Mısır'da Ne Oluyor

90'lı yıllarda, 10 yıl boyunca ardı sıra Çiller, Mesut, Ecevit iktidar oldular.
O yıllarda, Kulu kavşağı ile Ankara arasındaki yol, leğen büyüklüğünde oyuklarla dolu ve tek şeritli idi. Elli araba konvoy halinde gider, yüz araba karşı yönden deve kervanı gibi gelirdi. Türkiye, 10 yıl boyunca sadece 100 km lik bir yolu duble yapmak şöyle dursun, tamir bile edememişti.
2000 li yıllardaki ilk 10 yılda daha bir çok şeyin yanında 15.000 km duble yol yapıldı. 2000 lerdeki bu yolların parası gökten inmediğine göre, 90 lı yıllardaki 15 000 km lik  duble yolun parası  nereye gitmişti?
-Mursi' ye darbe yaptıranların, Taksim'de darbe provası yapanların ve yaptıranların ceplerine gitmişti.
Avrupa ekonomik krizde çırpınıyor ama, bir türlü çıkamıyor. Üç asırlık dünyayı sömürme dolabı artık  dönmüyor. 
Sömürülen ülkeler bir bir elden çıkıyor. Çin, Hindistan, Güney Asya ve Uzak Doğu'yu kaybettiler.
Mısır gibi ülkelerin “duble yolları” nı çalarak ayakta kalmaya çabalıyorlar. Sömürebildikleri, İslam  Ülkeleri ile garip Afrika kaldı. 
Kaçınılmaz “Arap Baharı” nı moderatörlükle elde tutmayı denediler. Olmadı. Şimdi baharı kışa çevirmeye çalışıyorlar. Ama nafile, fırtınalı geçse de Mart'tan sonra  mutlaka “Nisan” gelir, “Şubat”  gelmez.  
Batıyı hayal kırıklığı bekliyor.
İran, Türkiye, Mısır..
İslam dünyasının üç önemli aktörü. Üçünün birlikteliği ve birlikte ayağa kalkmaları batının korkulu rüyası..
Batı'nın sömürme paradigmasını durdurabilecek üçlü...
İran, devrimiyle ülkesinin yakasını batının elinden kurtarmıştı. 
Türkiye ve Mısır, mücadeleyi sürdürüyorlar....
İran ne yazık ki sürece ihanet ederek mücadeleden çekildi.

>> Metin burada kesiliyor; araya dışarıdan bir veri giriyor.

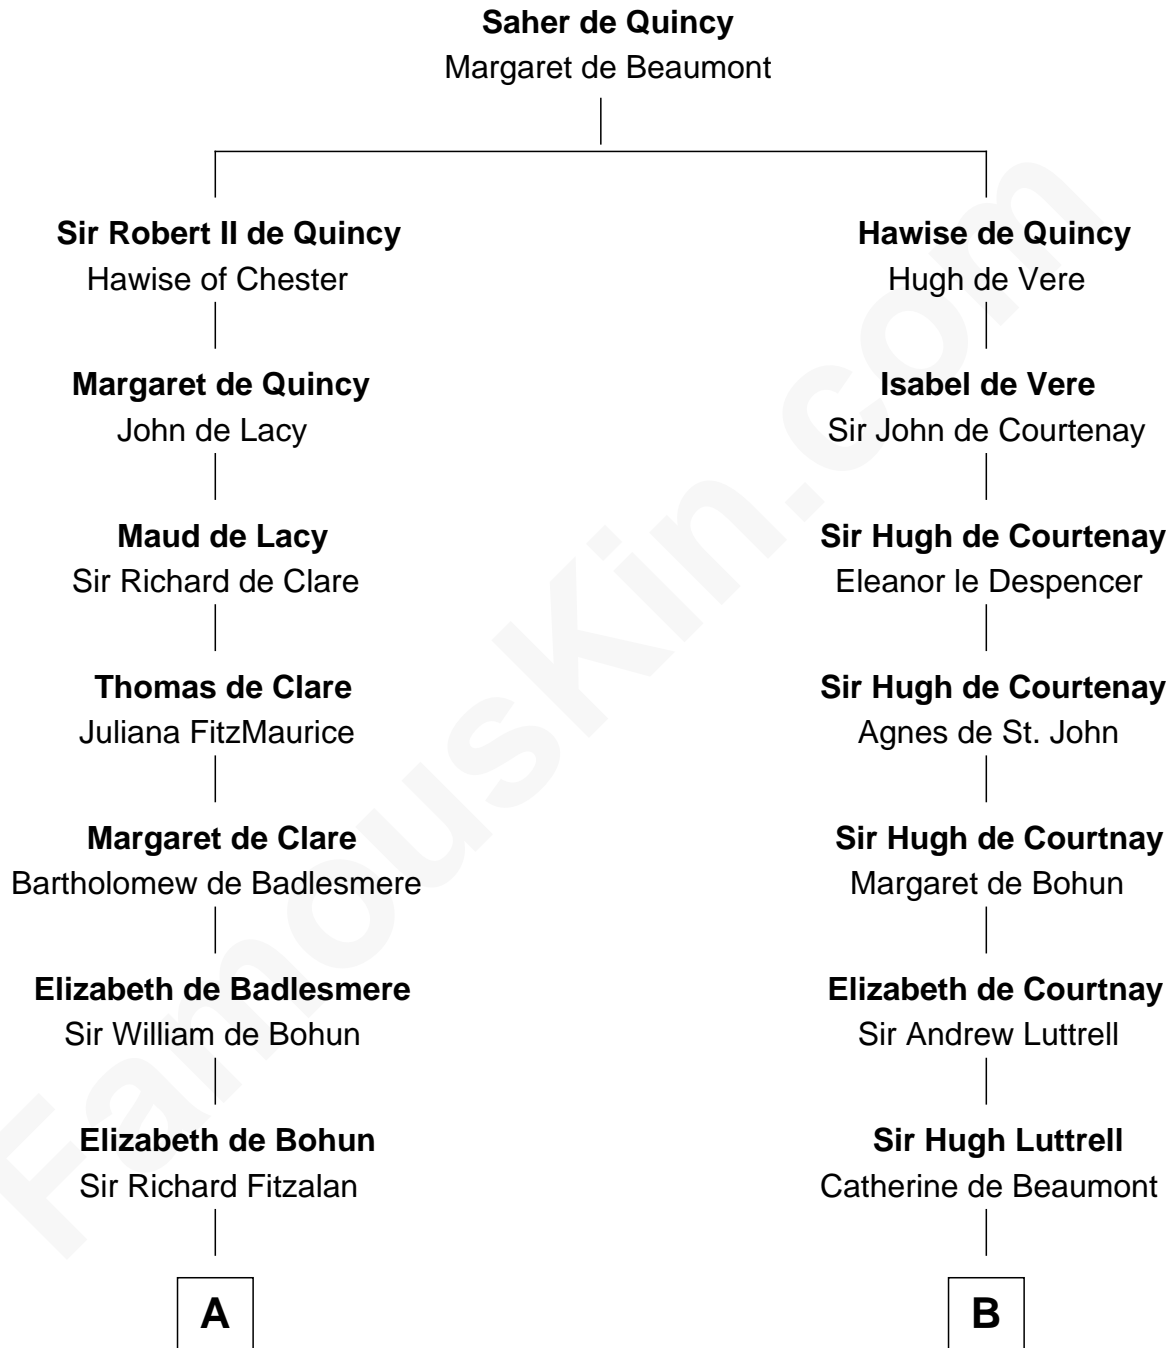

## Relationship Chart of

### Francis Lightfoot Lee

*Signer of the Declaration of Independence*

17th cousin 1 time removed of

**Carter Braxton**

*Signer of the Declaration of Independence*

**A**

**Elizabeth Fitzalan**  
Sir Robert Goushill

**Joan Goushill**  
Sir Thomas Stanley

**Katherine Stanley**  
Sir John Savage

**Dulcia Savage**  
Sir Henry Bold

**Maud Bold**  
Thomas Gerard

**Jennet Gerard**  
Richard Eltonhead

**William Eltonhead**  
Anne Bowers

Türkiye ve  Mısır'ın  bütün iyi niyetli çabalarına rağmen geleneğe ve mezhepçilik batağına geri döndü. “Devrim” ine ihanet etti. Suriye tavrı ile ”Arap Baharı” nın ve İslam dünyasının belini kırdı. Mursi' nin devrilmesinin bir numaralı sorumlusu oldu.
İran, konjonktürün dışına savruldu, “Devrim” le Sünni dünyada kazandığı itibarını sıfırladı. 
Batı ve İsrail, Mısır'da kazanmış gözüküyorlar.
İran'ın savrulması, Mısır'ın da düşürülmesi ile Türkiye tek hedef halinde kaldı. Şer merkezleri olanca güçleri ile son kale Türkiye'ye ve Erdoğan'a yükleneceklerdir.
“4 Kasım  1918'de Alman General Von Seeckt, Almanya'nın Türkiye'yle ittifak yapmasını doğru bulmadığını  şu sözlerle ifade etmişti;  
“BİR KADAVRAYLA EVLENİLMEZ”.
Türkiye, ya Erdoğan ve Demokrasi ile yoluna devam edip, 2023 hedeflerini yakalayacak, o tarihte AB' nin tam üyelik teklifine,;
 “BİR KADAVRAYLA EVLENİLMEZ”.
diyecektir.
Ya da 28 Şubat'a geri dönüp “Duble Yollar”ını ve daha nelerini  “BATI” ya ve onun partneri “GEZİ” cilere kaptıracaktır.
Kaptırınca ne olur?
Milli gelir 10.000 dolardan 2000 dolara iner, işsizlik yüzde 25 lere çıkar,  her şeyin değeri dibe vurur, İmam-Hatiplere tekrar kilit vurulur, başörtülüler bu kez sokağa bile çıkamazlar.
Sizin paralarınızla “BATI” Havai ve Miami'de, “GEZİ” de Bodrum ve Marmaris' te kumsala uzanıp, yüreğine güneş damlatır.